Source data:

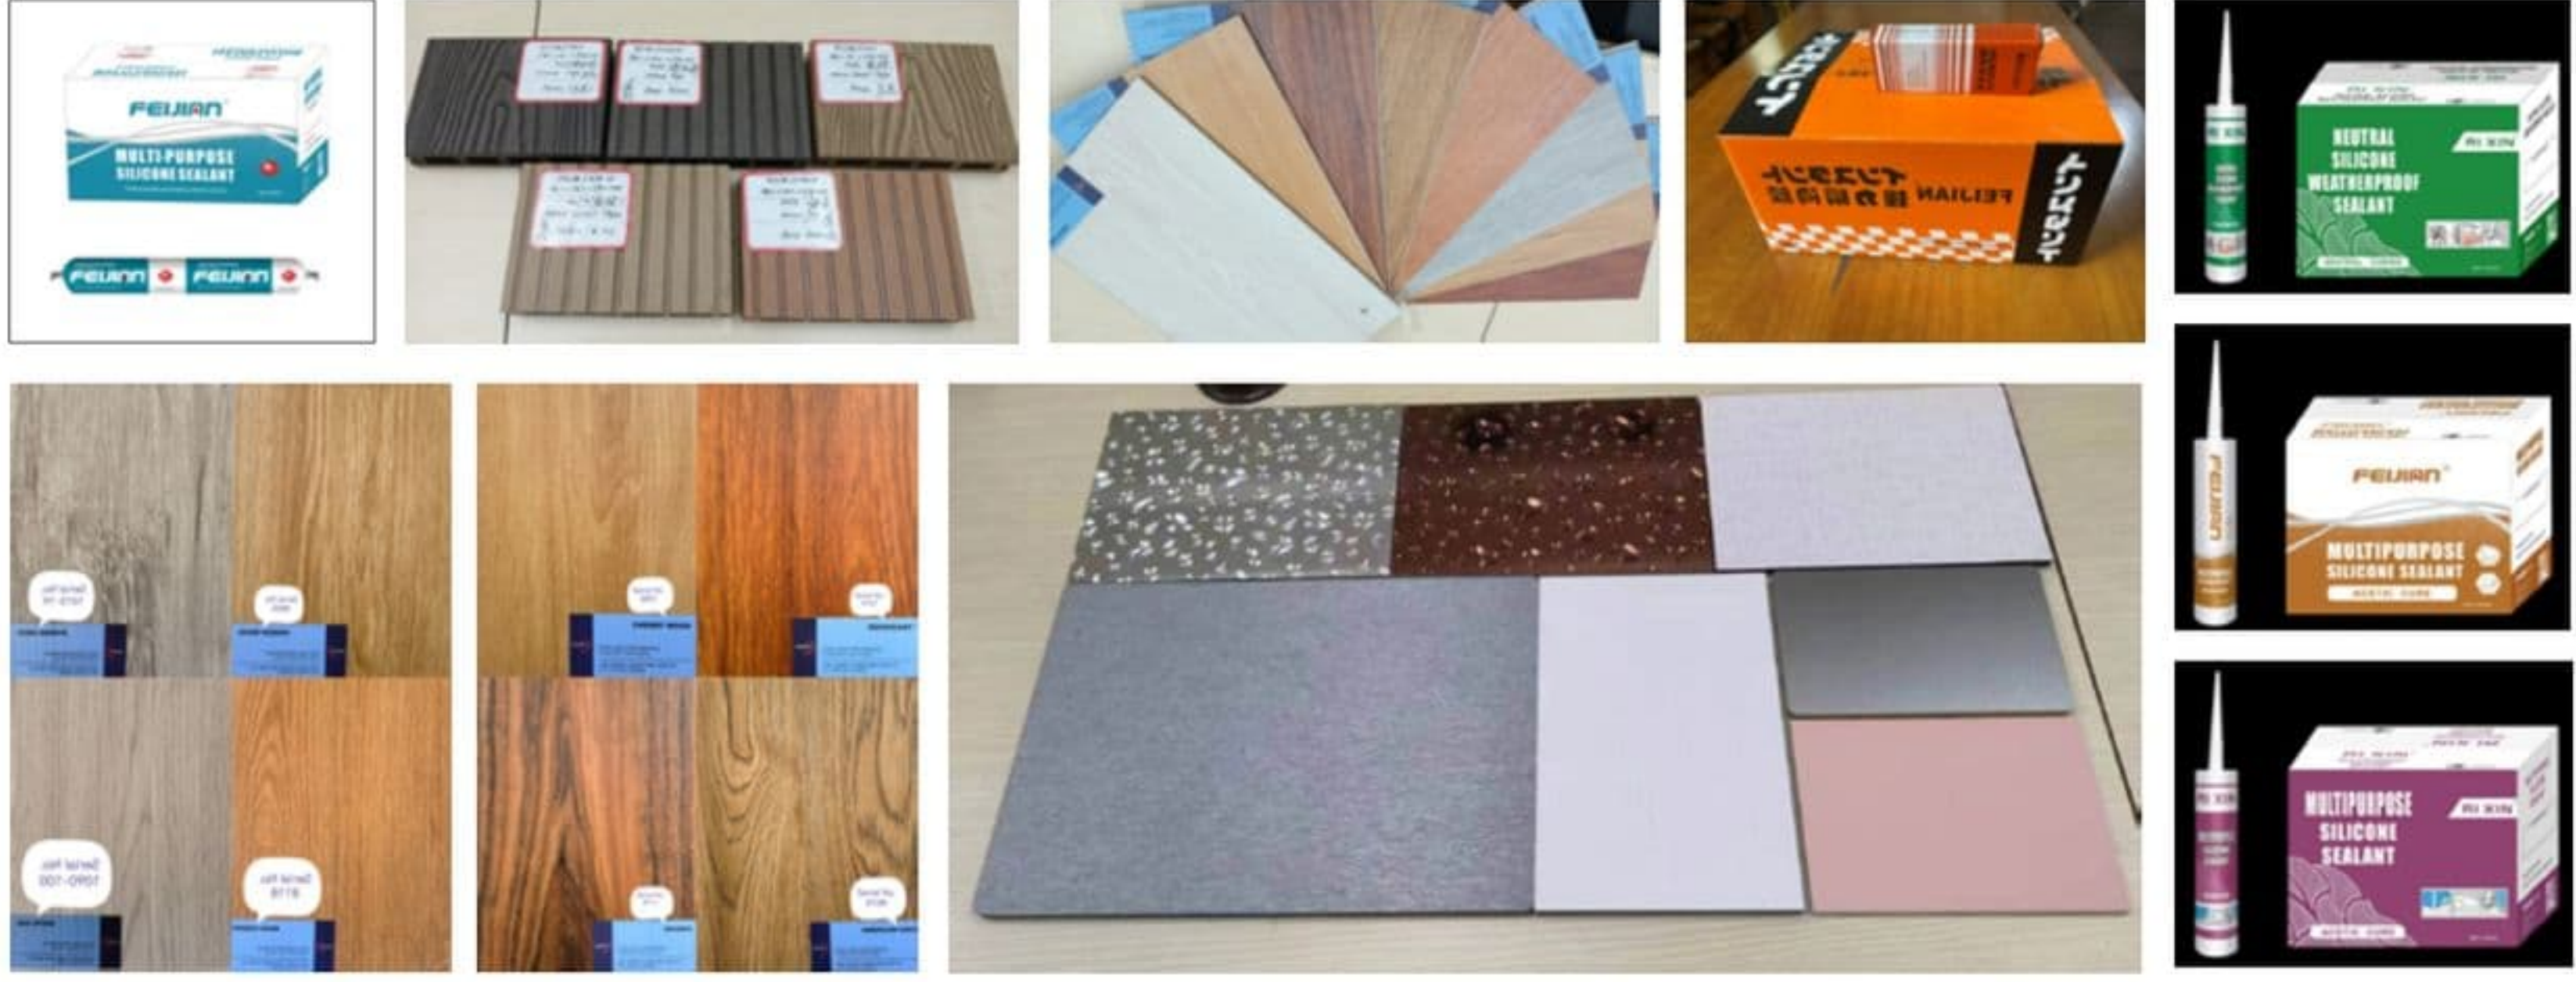

雅加达双马贸易有限公司

PT SHUANGMA TRADING JAKARTA

Lem Silikon, Lem Packing, Super Glue, Roler Cat, SPC Flooring, WPC Decker, Wall Panel dan bahan bangunan lainnya.

玻璃胶, 耐高温硅酮胶, 瞬干胶, 滚刷, 石塑地板, 木塑地板, 墙板和其他建筑材料

对接人姓名 /Nama Orang Kontak: HONG WEIBING 洪卫兵 DONNY WIRAJDI
联系方式 /Informasi Kontak: Telepon 座机 : +6221-23090981 HONGWEIBING: +62-81510058752
公司邮箱 /Email Perusahaan: shuangmatrading@gmail.com

公司地址 /Alamat Perusahaan: JALAN PLUIT RAYA No. 197, PENJARINGAN, JAKARTA UTARA 14440
INDONESIA

Indogeopipe

PT.KAYU ASRI INDONESIA

Exercise aim -
Could you print, word for word, the line containing "公司邮箱 /Email Perusahaan: shuangmatrading@gmail.com" and every line after it through the end of the records, and nothing else?

Expected answer -
公司邮箱 /Email Perusahaan: shuangmatrading@gmail.com

公司地址 /Alamat Perusahaan: JALAN PLUIT RAYA No. 197, PENJARINGAN, JAKARTA UTARA 14440
INDONESIA

Indogeopipe

PT.KAYU ASRI INDONESIA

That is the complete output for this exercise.